Emma Critchley’s commissioned video work, ‘Aria’, is a startlingly beautiful film depicting a choreographed female figure moving serenely beneath the surface of a swimming pool. Filmed from underwater and accompanied by a specially scored female soprano singing a haunting a capella, ‘Aria’ is screened in a blacked out shipping container situated on Brighton’s seafront. The work is projected onto a stretched screen which reaches floor to ceiling inside the black box: entering only in small numbers, the environment is wholly immersive for its audience. The displacement of the body underwater, and the renewed and unfamiliar engagement with its own faculties, is mesmerising and surprisingly the alien quality of the underwater landscape reins in any overtly feminist readings of what could easily be read, due to visual associations, as a piece of feminist performance art.

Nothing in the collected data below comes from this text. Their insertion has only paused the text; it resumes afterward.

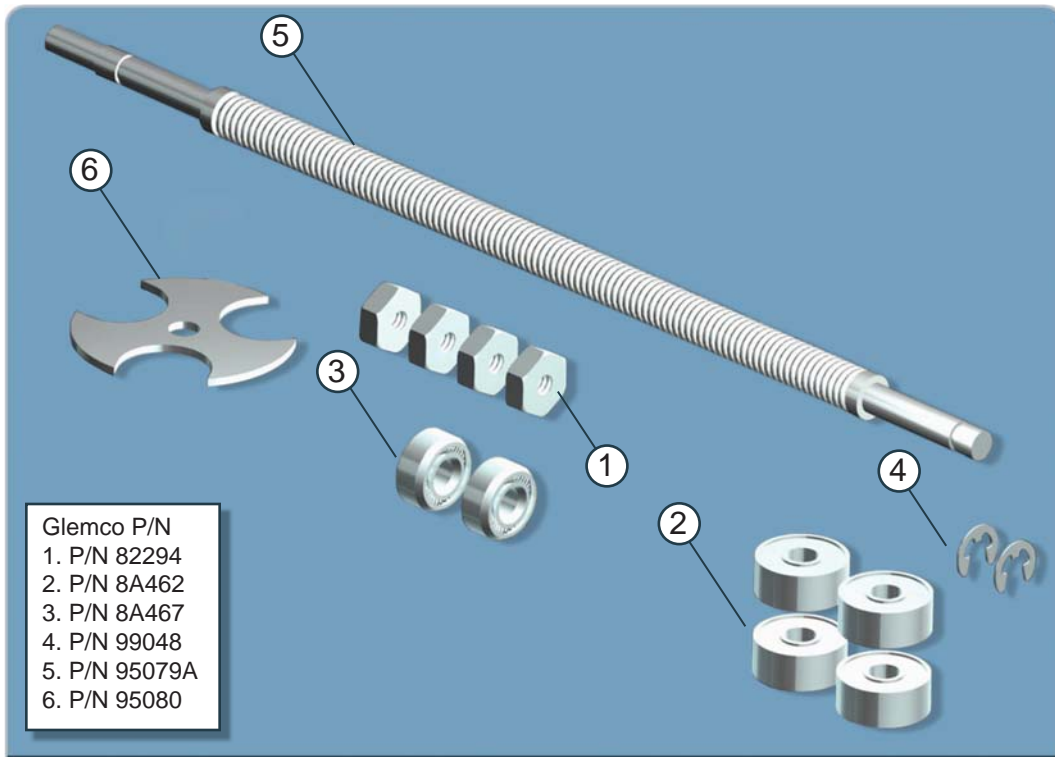

Glemco P/N: 95020
OEM: 972167-001

* Glemco TSR Nitrogen Shield

Our Engineered Screen Functions Like A Bellows. The Convolutions Allow The Screen Material To Expand And Contract. The Engineered Screen Is Geometrically Designed To Accommodate Thermal Induced Strain WITHOUT BUCKLING!

* Repairs

Glemco Also Offers the Repair of Secondary Seals for your Shields.

12 Inch Nitrogen Shields for use in WJ1000

Glemco P/N: 95030
OEM: 918032-001

Glemco P/N: 95055GT
OEM: 918042-001

Glemco P/N: 95055MT
OEM: 918042-001

15.5 Inch Shields for use in WJ999, WJ999R, and WJ999TEOS

Glemco P/N: 95010
OEM: 986665-001

Glemco P/N: 95010W
OEM: 918035-001

Glemco P/N: 95010WL
OEM: 972167-001

Teflon Plugs

Air Knives

Spider Tubes

Toroidal Orifice Rebuild Kits

- Glemco P/N
- 1. P/N 82294
 - 2. P/N 8A462
 - 3. P/N 8A467
 - 4. P/N 99048
 - 5. P/N 95079
 - 6. P/N 95080

Glemco P/N: K95079
3" T.O. Spring Kit, Dual Flag

- Glemco P/N
- 1. P/N 82294
 - 2. P/N 8A462
 - 3. P/N 8A467
 - 4. P/N 99048
 - 5. P/N 95079A
 - 6. P/N 95080

Bodily displacement is made more explicit, or at least more immediately visceral, in the commissioned body of work produced by Andrew Kotting and Anonymous Bosch. The two had planned an extensive trip into the Pyrenees to make a series of new pinhole images in mountain caves. However, a motorcycle accident immediately before their departure meant that Kotting was hospitalised and the project would never come to fruition. Using pinhole images of Kotting’s own hospitalisation and recovery as a starting point, an extensive exhibition of paraphernalia has evolved including artefacts of Kotting’s crash and hospital residency, historical artefacts from the proposed region of the Pyrenees and a series of new pin hole images produced in the infinitely more accessible caves in Hastings. Directly adjacent the commercial seaside property in which Kotting and Bosch’s work is on show, a single large canvas is housed in a glass-box retail unit. David Wightman’s ‘Hero’ is, as with all of Wightman’s paintings, made up of painted wallpaper, so that his surreally simplified landscapes become textured with the memory of his own childhood and domestic past.
HOUSE Festival presents a concise and astute selection of works dealing with notions of the landscape with a heterotopic twist. The space that occurs between the artefact, object or event and its viewer expands out into a vast heterotopia that becomes manifest either in the content of the work or the environment of its presentation. These works all reflect differently upon possible ways of producing heterotopic landscapes, as bodies of research that move fluidly between science and fantasy, as immersive experiences, as publically available monumental remembrances and as detailed accounts of personal trauma.